> **Exercise**
Gather each line of the entries below that includes "żadne".

[Stored dataset items]
====================

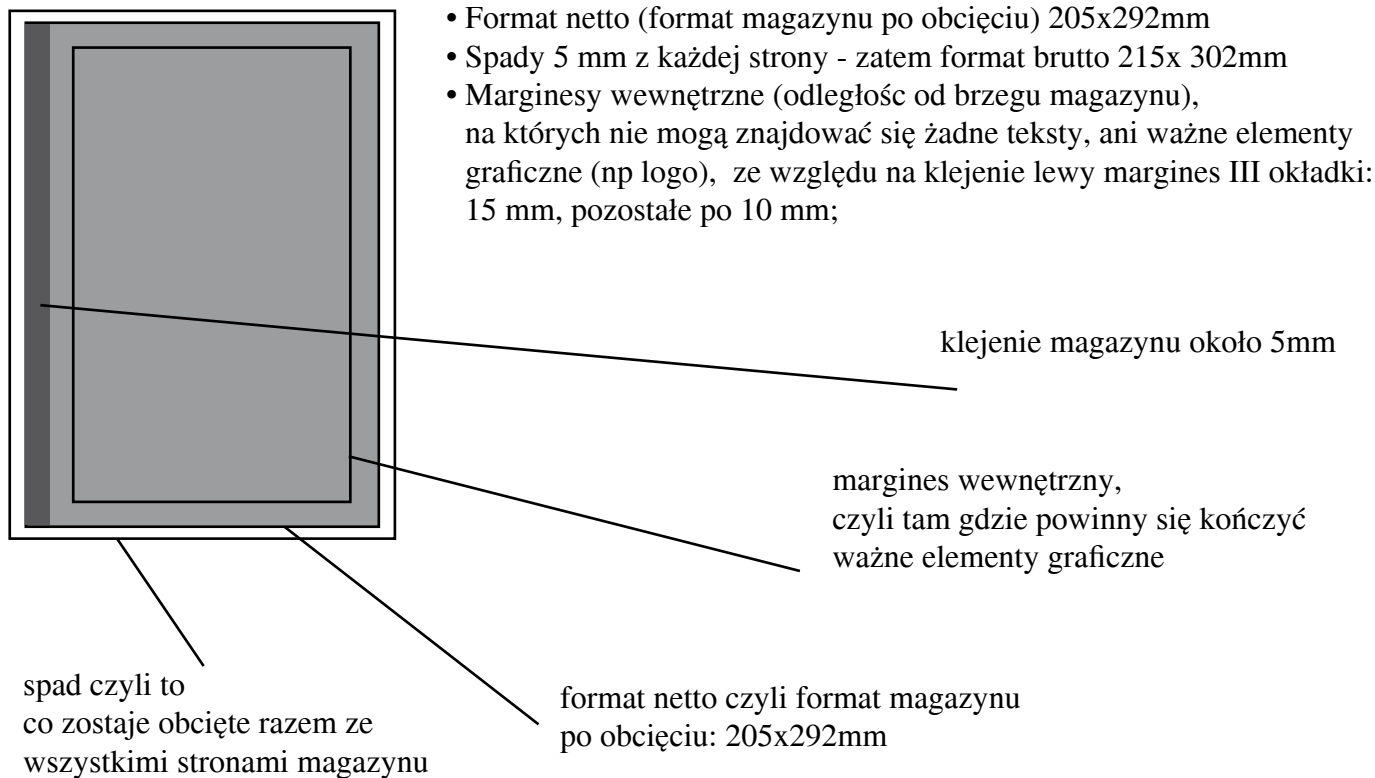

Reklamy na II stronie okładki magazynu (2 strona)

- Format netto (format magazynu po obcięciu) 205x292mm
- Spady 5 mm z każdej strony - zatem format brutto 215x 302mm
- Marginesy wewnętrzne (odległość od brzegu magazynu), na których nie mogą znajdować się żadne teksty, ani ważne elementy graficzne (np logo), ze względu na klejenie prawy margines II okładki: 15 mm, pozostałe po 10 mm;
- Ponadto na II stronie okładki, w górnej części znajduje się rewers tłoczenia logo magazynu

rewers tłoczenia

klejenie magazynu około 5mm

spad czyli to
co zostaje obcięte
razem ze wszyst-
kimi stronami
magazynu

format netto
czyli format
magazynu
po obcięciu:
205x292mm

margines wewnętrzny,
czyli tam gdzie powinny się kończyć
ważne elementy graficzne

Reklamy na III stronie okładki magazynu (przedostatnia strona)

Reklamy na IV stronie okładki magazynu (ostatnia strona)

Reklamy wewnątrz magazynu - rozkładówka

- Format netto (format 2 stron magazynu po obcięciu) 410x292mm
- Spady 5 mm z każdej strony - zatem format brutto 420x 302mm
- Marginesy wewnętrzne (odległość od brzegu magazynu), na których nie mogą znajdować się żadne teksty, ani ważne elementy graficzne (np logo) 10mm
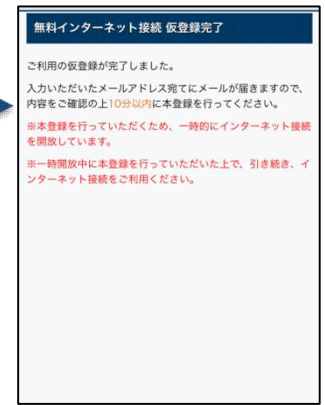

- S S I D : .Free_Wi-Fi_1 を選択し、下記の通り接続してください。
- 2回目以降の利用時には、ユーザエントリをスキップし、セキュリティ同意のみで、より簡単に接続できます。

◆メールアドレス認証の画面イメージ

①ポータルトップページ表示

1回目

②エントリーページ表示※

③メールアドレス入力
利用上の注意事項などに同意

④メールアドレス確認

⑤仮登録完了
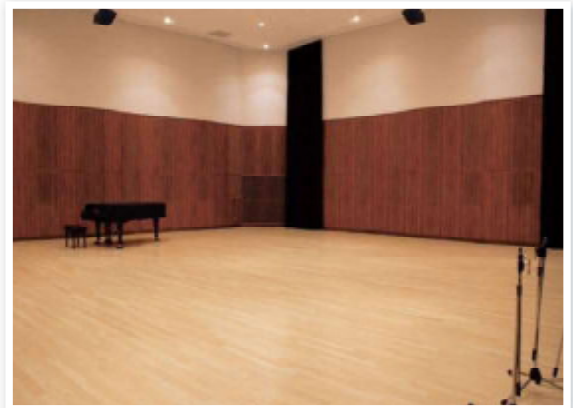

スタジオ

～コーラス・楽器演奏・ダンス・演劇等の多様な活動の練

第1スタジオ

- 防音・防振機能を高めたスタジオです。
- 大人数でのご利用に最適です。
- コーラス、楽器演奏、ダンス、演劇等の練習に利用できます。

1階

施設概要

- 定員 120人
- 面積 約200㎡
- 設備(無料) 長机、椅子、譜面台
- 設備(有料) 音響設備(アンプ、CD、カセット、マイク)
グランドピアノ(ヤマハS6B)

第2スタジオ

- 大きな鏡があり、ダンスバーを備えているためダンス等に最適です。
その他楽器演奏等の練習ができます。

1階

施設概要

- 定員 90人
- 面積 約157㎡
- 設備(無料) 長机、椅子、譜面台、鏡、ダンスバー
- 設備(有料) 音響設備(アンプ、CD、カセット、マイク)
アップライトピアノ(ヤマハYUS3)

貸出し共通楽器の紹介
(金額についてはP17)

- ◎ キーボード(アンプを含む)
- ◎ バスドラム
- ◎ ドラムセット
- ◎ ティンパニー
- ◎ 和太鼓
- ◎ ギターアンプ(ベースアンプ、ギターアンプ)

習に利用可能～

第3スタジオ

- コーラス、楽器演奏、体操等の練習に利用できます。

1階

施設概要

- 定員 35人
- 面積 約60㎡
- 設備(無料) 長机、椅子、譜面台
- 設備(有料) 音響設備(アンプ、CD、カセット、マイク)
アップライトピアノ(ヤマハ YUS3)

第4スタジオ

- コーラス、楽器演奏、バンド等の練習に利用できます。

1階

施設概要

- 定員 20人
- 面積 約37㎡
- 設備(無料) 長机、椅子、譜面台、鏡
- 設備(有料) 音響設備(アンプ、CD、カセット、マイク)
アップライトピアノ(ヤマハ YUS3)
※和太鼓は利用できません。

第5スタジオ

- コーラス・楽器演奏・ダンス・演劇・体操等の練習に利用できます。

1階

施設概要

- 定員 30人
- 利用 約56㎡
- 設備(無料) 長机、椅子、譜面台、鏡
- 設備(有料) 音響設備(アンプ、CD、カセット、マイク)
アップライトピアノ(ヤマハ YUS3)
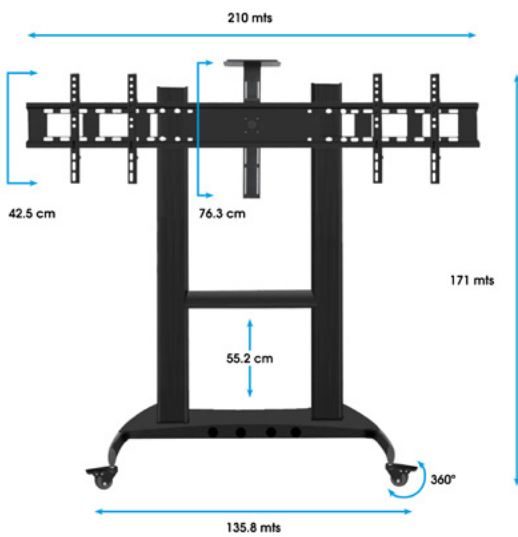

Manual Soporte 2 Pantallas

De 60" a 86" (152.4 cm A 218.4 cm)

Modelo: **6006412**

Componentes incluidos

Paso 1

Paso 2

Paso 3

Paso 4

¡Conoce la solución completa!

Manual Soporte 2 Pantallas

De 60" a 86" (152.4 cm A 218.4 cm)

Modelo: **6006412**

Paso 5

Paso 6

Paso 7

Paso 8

====================

> **Written answer**
- Marginesy wewnętrzne (odległość od brzegu magazynu), na których nie mogą znajdować się żadne teksty, ani ważne elementy graficzne (np logo), ze względu na klejenie prawy margines II okładki: 15 mm, pozostałe po 10 mm;
- Marginesy wewnętrzne (odległość od brzegu magazynu), na których nie mogą znajdować się żadne teksty, ani ważne elementy graficzne (np logo) 10mm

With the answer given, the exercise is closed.